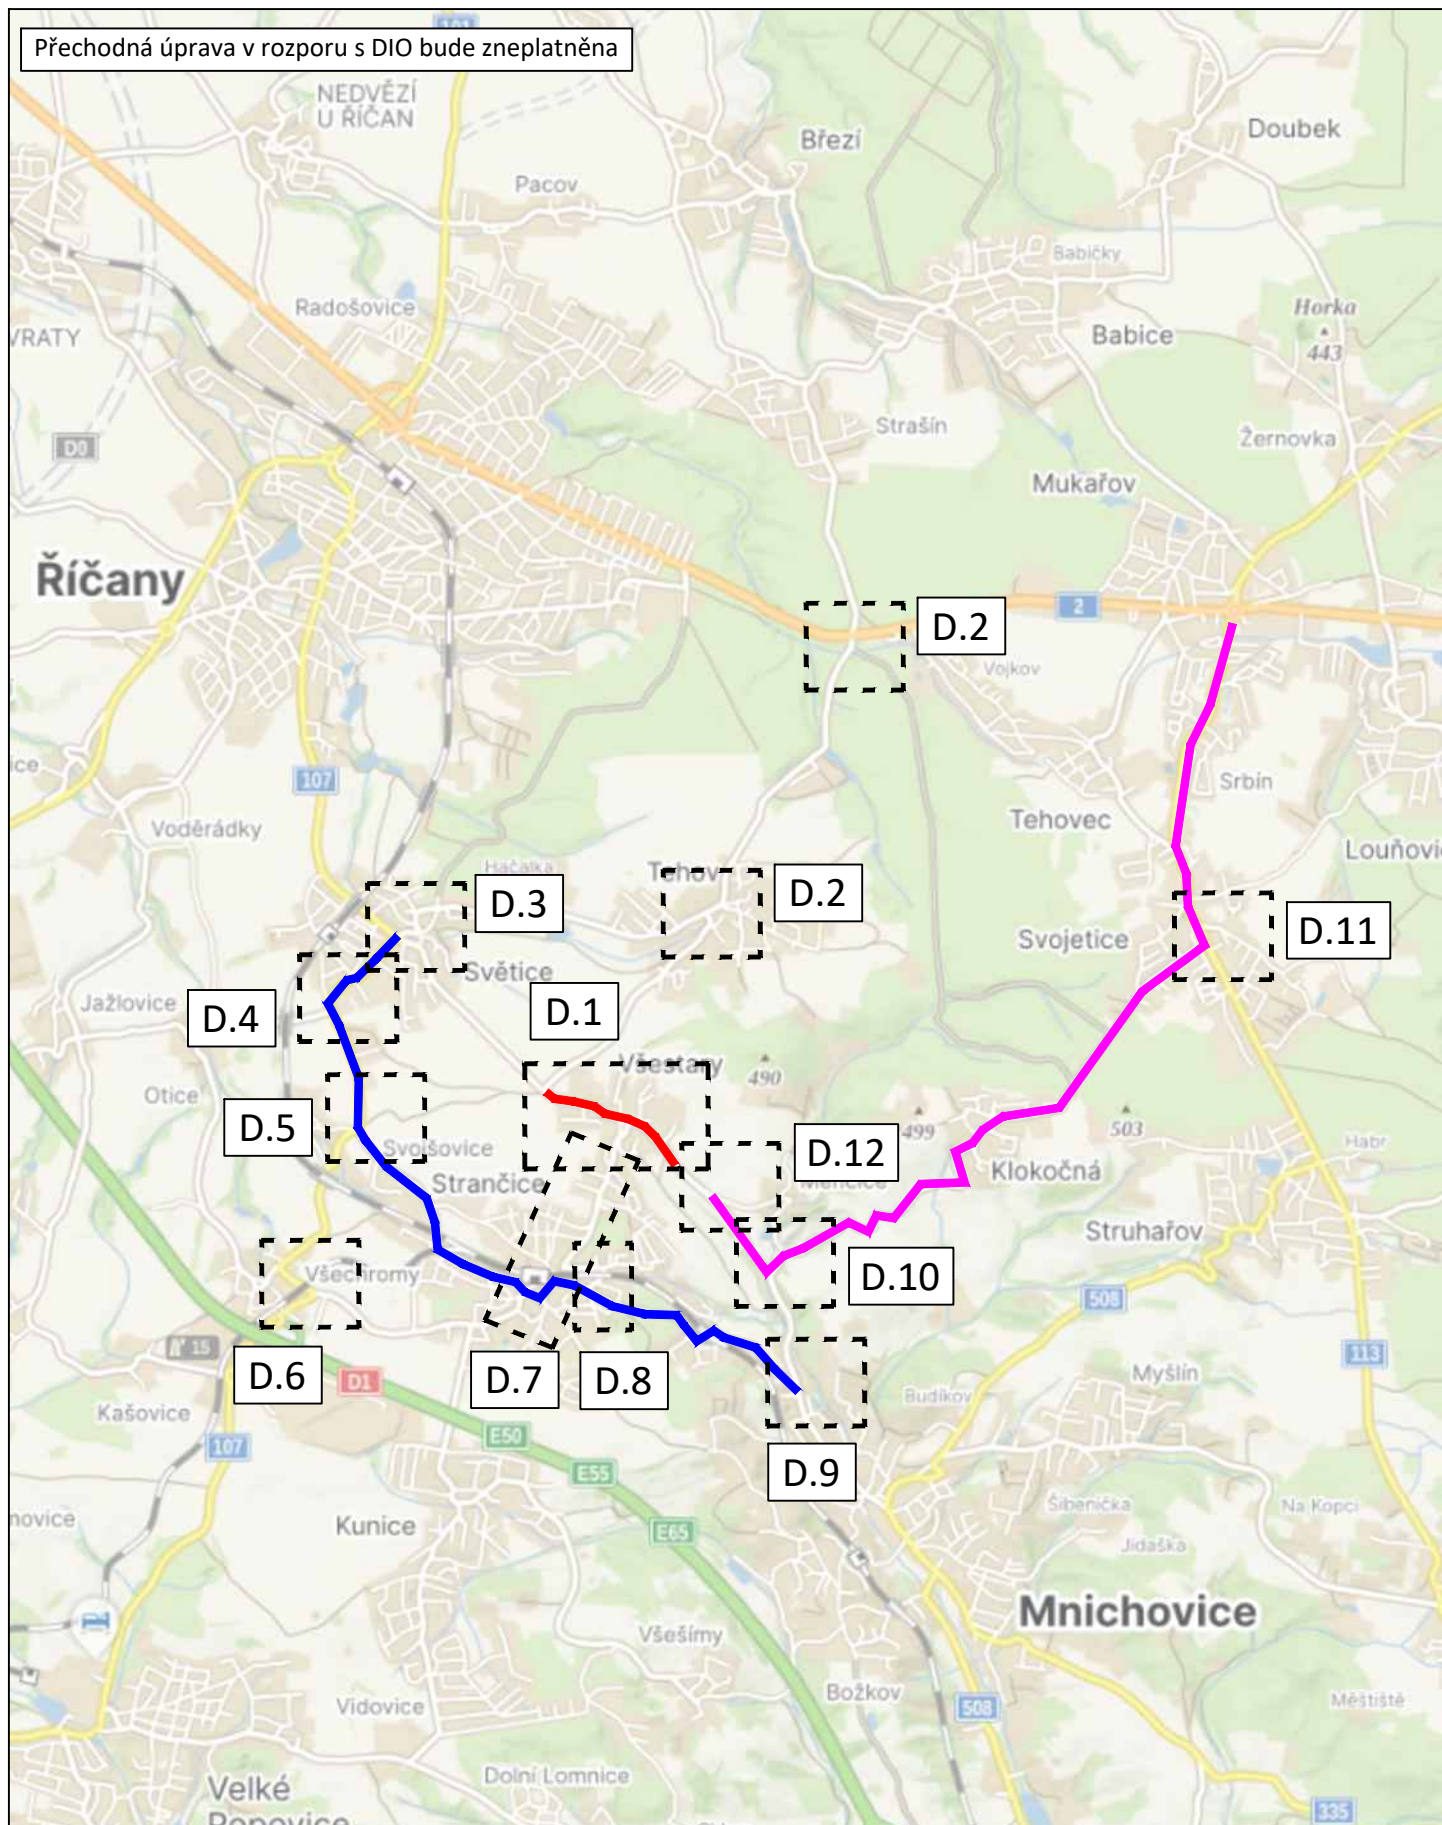

Přechodná úprava v rozporu s DIO bude zneplatněna

3K značka s.r.o.
Jiráskova 1519, 251 01 Ríčaný
tel.: +420 323 601 237, www.3kznacky.cz, info@3kznacky.cz

LEGENDA:	
návrh - SDZ	P2
STÁVAJÍCÍ - SDZ	P2
VYVEDENÍ ZBYTKOVÉ DOPRAVY Z LOKALITY MENCÍ VE SMĚRU ŘIČANÝ (Z DŮVODU NEVÝHOVLIVUJÍCÍHO PRAVÉHO ODBOČENÍ NA KRÍŽ III/1012 A III/1014) OBJÍZDNÁ TRASA	

AKCE:
VŠESTARÝ,
ŘIČANSKÁ; MNICHOVICKÁ;
STRANČICKÁ

PŘÍLOHA:
Přehledná mapa ETAPA II

MĚŘÍTKO:
1:40000

PŘÍLOHA ČÍSLO:
B.2

----

**What is required:**
Leaving the pictures aside, transcribe the entire listing exactly.

**Exercise response:**
Přechodná úprava v rozporu s DIO bude zneplatněna

3K značka s.r.o.
Jiráskova 1519, 251 01 Ríčaný
tel.: +420 323 601 237, www.3kznacky.cz, info@3kznacky.cz

LEGENDA:	
návrh - SDZ	P2
STÁVAJÍCÍ - SDZ	P2
VYVEDENÍ ZBYTKOVÉ DOPRAVY Z LOKALITY MENCÍ VE SMĚRU ŘIČANÝ (Z DŮVODU NEVÝHOVLIVUJÍCÍHO PRAVÉHO ODBOČENÍ NA KRÍŽ III/1012 A III/1014) OBJÍZDNÁ TRASA	

AKCE:
VŠESTARÝ,
ŘIČANSKÁ; MNICHOVICKÁ;
STRANČICKÁ

PŘÍLOHA:
Přehledná mapa ETAPA II

MĚŘÍTKO:
1:40000

PŘÍLOHA ČÍSLO:
B.2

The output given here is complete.